Recently released figures from Morocco's ministry of tourism indicated a positive trend for the North African kingdom with a 9 percent increase in tourist numbers since 2010.

This influx of travellers means that hotel capacity in Morocco has increased by 23 percent over five years.

Despite largely avoiding terror attacks in recent years, the country's tourism industry has still taken a hit after attacks in Turkey, Tunisia, Belgium and France.

Data from Morocco's Tourism Observatory shows that the total number of trips to the country were down by 5 percent in 2016. The number of holidaymakers from France - a country that Morocco has traditionally drawn droves of tourists from - has fallen by 7 percent.

In the wake of the latest terror attack in Nice, the number of French tourists visiting Marrakech and the seaside resort of Agadir has fallen by 38 percent, the French Syndicate of Travel Enterprises has reported.

At the same time, however, the country has enjoyed an 8 percent increase in visitors from the UK and Germany. From further afield, Chinese and Brazilian tourism to Morocco seems undeterred, having shot up by 15 percent and 19 percent respectively.   

Tunisia - Reeling from 2015

Following the massacre of 24 people at Tunis' Bardo Museum and then the attack at the seaside resort of Sousse in which 34 people died in 2015, Tunisia's once flourishing tourism industry has suffered huge losses.
between 6 and 7 million tourists each year, however this number is now beyond reach for the country's tourism industry.

Data from Tunisia's Tourism Ministry shows that the number of foreign tourists for the first half of 2016 fell by 21.5 percent as compared to the same period last year.

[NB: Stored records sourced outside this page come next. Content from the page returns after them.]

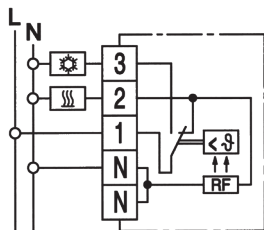

RTR-S 6721

- → 5 ... 30 °C
- → Wechsler
- → AC 230V
- → Heizen: 10 mA ... 5(2)A, AC
- → Kühlen: 10 mA ... 5(2)A, AC
- → Maße: 76x76x18,5 mm

RTR-S 6721-1 Polarweiß:

Art.Nr.: 131 1701 51 100

RTR-S 6721-6 Aktivweiß

Art.Nr.: 131 1701 51 600

Despite urging its international partners to help revive its tourism industry, Tunisia is still clearly suffering from the tragic events of 2015.

Countries like the UK have still refused to revoke travel warnings against going to Tunisia, causing tour operators and airlines to shift their priorities away from the Mediterranean nation.

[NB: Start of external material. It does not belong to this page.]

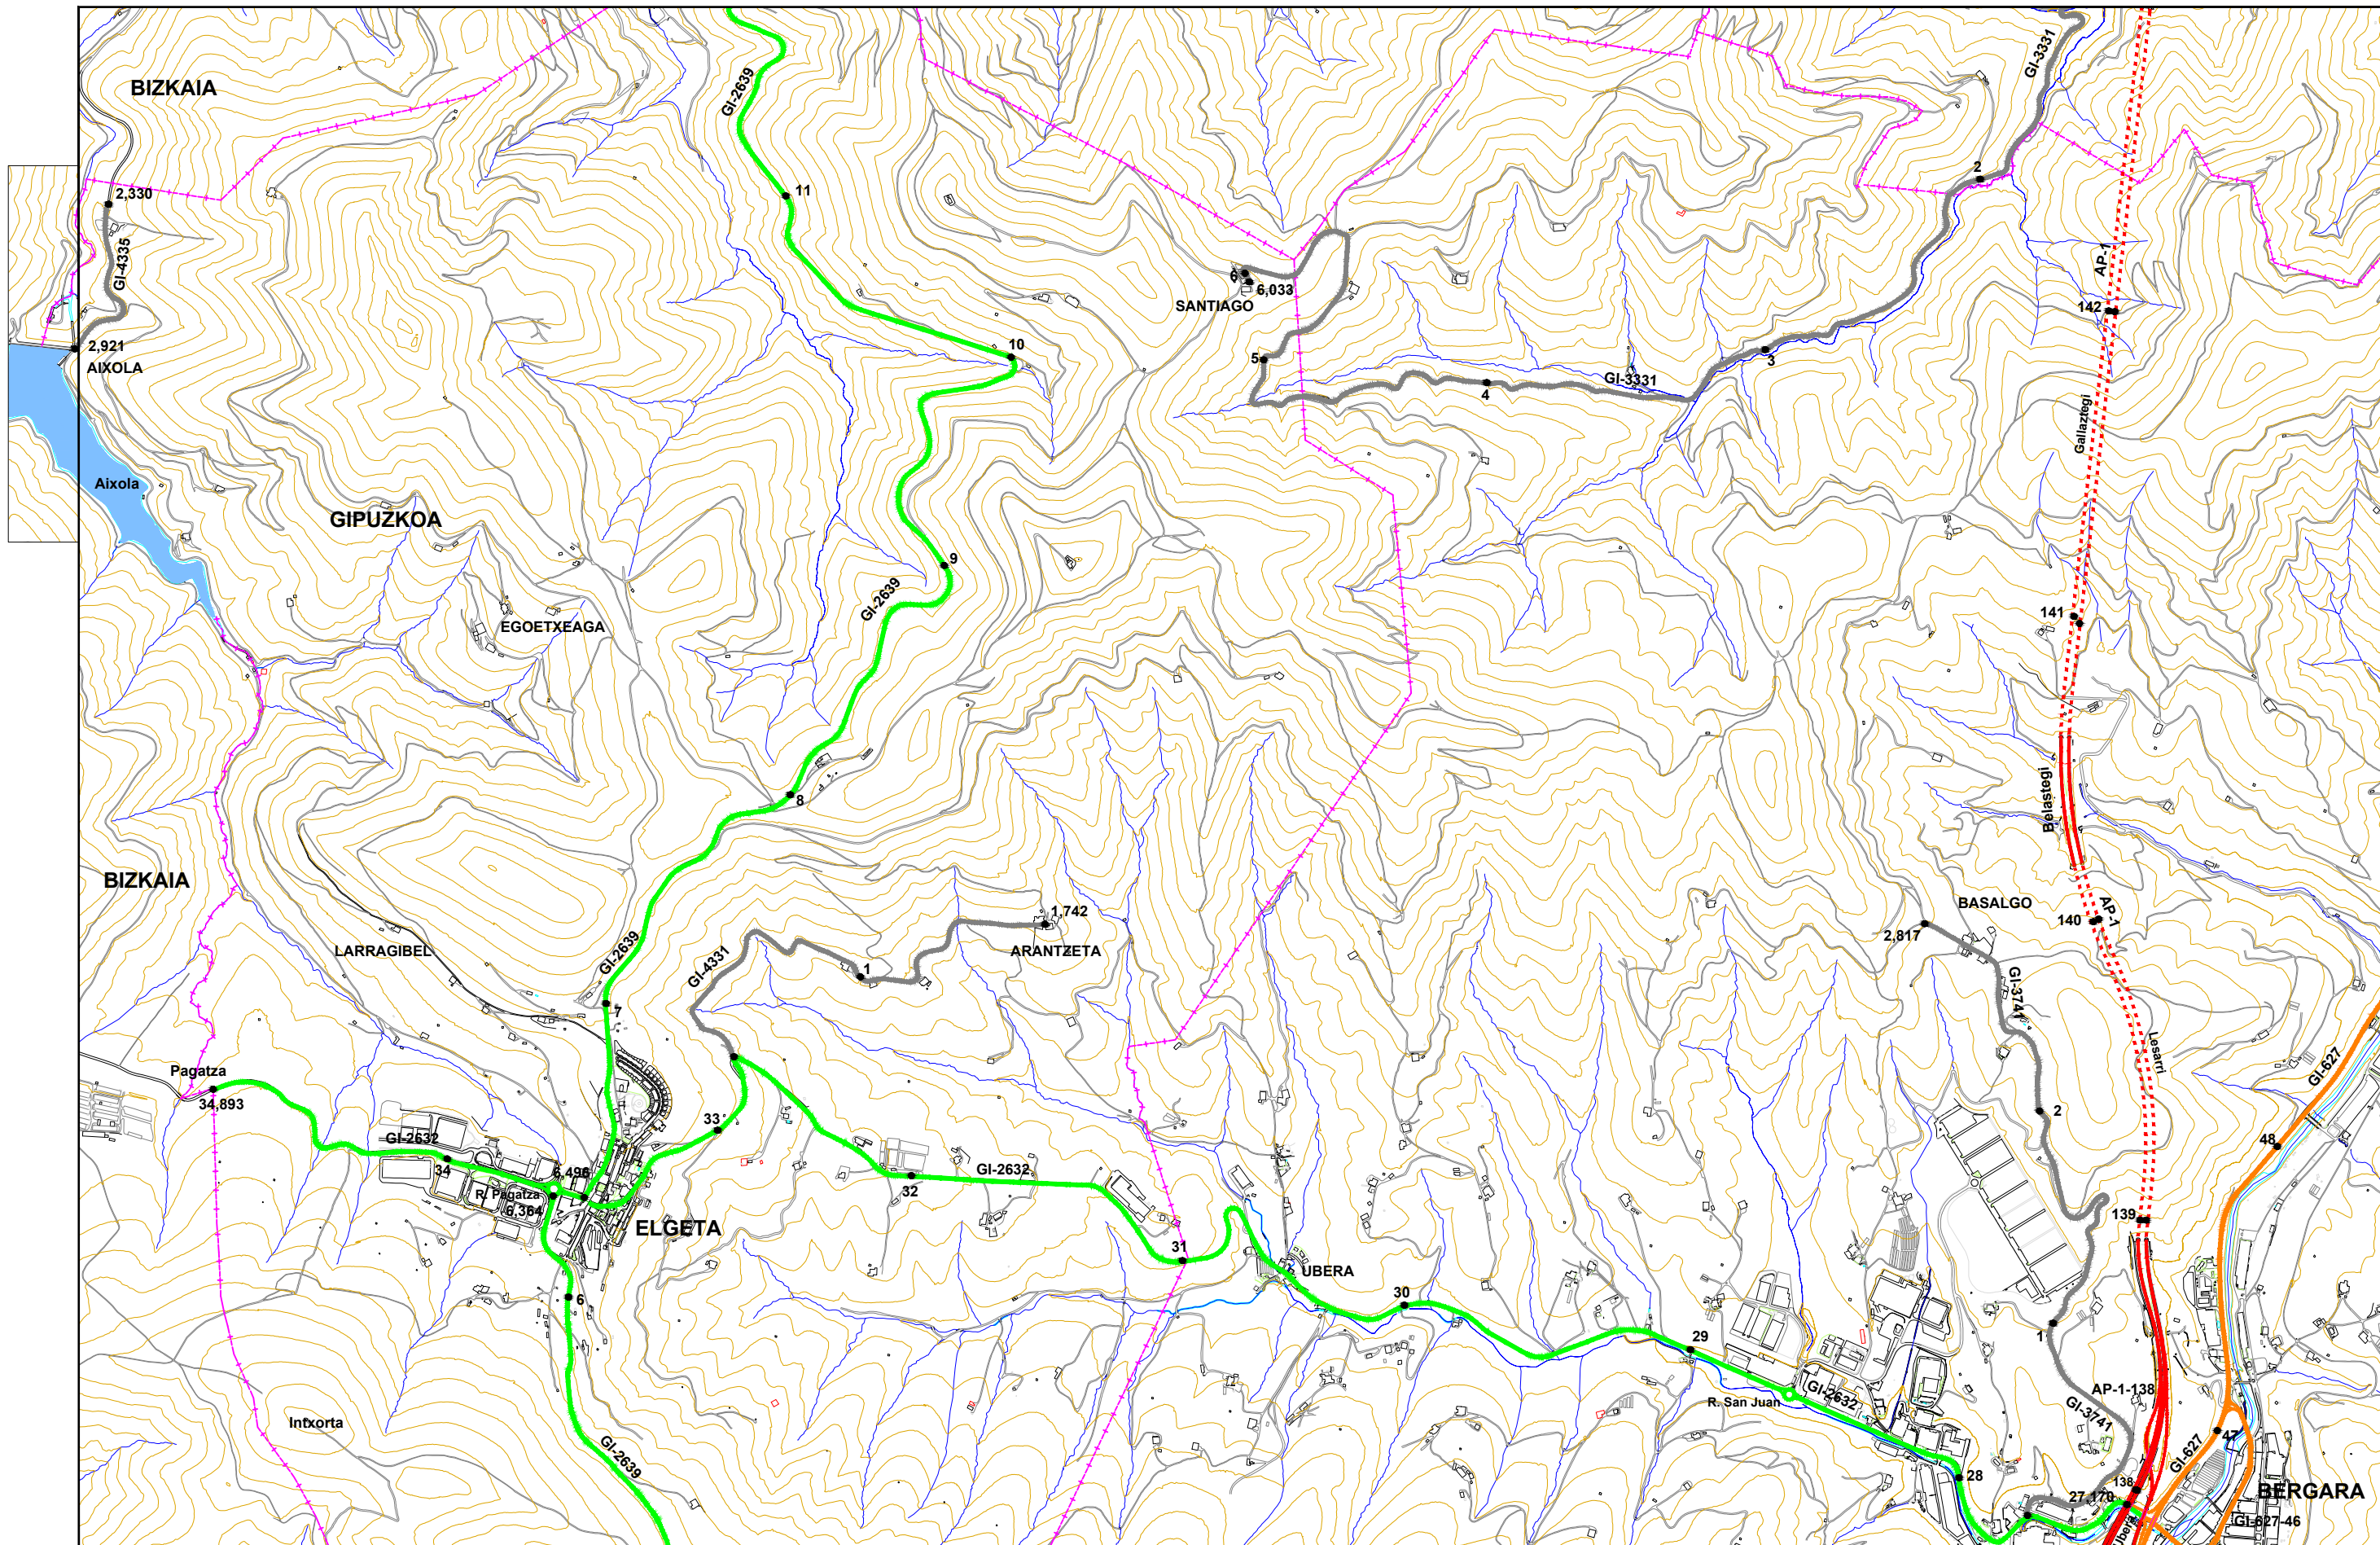

Gipuzkoako Foru Aldundiaren errepideen katalogoa - Catálogo de Carreteras de la Diputación Foral de Gipuzkoa

	36	35
	43	42
51	50	49

Consequently, many European travel companies have ceased operations in Tunisia. According to traveller data intelligence website ForwardKeys, international airline capacity for this summer has also been cut by a quarter.

Egypt - Instability and insurgency

Since the country's revolution in January 2011, Egypt's tourism has nose-dived sharply, marking a strange phase for a country endowed with some of the world's most famous historical monuments.

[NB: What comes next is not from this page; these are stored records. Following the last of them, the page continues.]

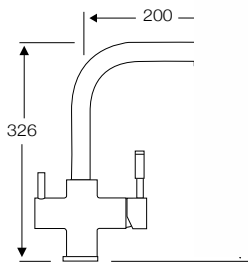

LAVABO CASCADA

KIT BIDE / INODORO

FREGADEROS

SERIE ESPIRAL
Cromo
Ref. 44000

SERIE ESPIRAL "extraible"
Cromo
Ref. 44100

SERIE ÓSMOSIS c / fundido
Cromo
Ref. 46000

SERIE FREGADERO ABATIBLE
Cromo
Ref. 44030

SERIE LOIRA "extraible"
Cromo
Ref. 44002
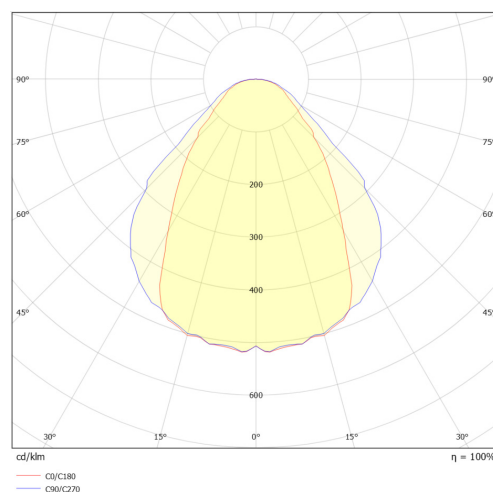

Caractéristiques électriques

Gestion	ON/OFF
Plage de gradation	/
Tension - Fréquence d'entrée	220-240V~ 50/60Hz
Courant par défaut	/
Connectique secteur	Bornier
Facteur de puissance	>0,9
THD	<20%
Ripple	<4%
Tension d'isolement (entre L - N)	1kV
tension d'isolement (entre L/N - T)	2kV
Surtension côté sortie (réf: T)	/
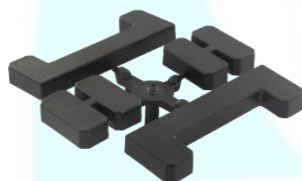

Distancier BANCHEBOX

Descriptif produit : Permet l'écartement des boîtiers grâce aux entraxes 71 et 100 mm, à l'horizontale ou à la verticale

Matière : PP COPO pour référence 750090 / Polyéthylène haute densité pour référence 751090

Couleur : Gris 750090 / Noir 751090

Tenue au fil incandescent :

750090

Entraxe de 71 mm

Entraxe de 100 mm

751090

Entraxe de 71 mm

Entraxe de 100 mm

Référence BLM	Désignation	Dimensions		Poids U en Kg	Conditionnement carton	Conditionnement palette
750090	Distancier BANCHEBOX Type « C »	71	100	0,01	50	4800
751090	Distancier BANCHEBOX Type « S »	70	65	0,005	50	10500
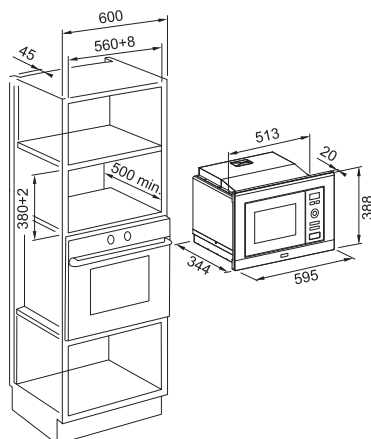

Mikrovlnné trouby Smart Linear

In 2010, visitor numbers to Egypt peaked at 14 million, but has crashed to around 9 million last year, according to data from the United Nations' World Tourism Organisation.

According to Euromonitor, visitor numbers to Egypt will drop a further 20 percent in 2016.

Political upheaval in the country was the initial factor that caused visitors to shy away from Egypt, however, this has since been worsened by terror attacks and a number of tragedies that have seen many tourists killed.

In October 2015, the IS group claimed responsibility for bringing down a Russian commercial airliner flying from the popular Sinai tourist resort of Sharm el Sheikh, which killed all 224 people on board.

IS militants have gained a foothold in Egypt since the country's 2011 uprising, carrying out numerous kidnappings and killings.

In March, the hijacking of an Egyptian domestic flight raised further fears about travel to the country. This was followed by the crash of Egyptair flight 804, which was at first suspected to be a terror attack. The cause of the crash remains unclear, however, investigators have uncovered evidence of a fire that broke out on board the plane.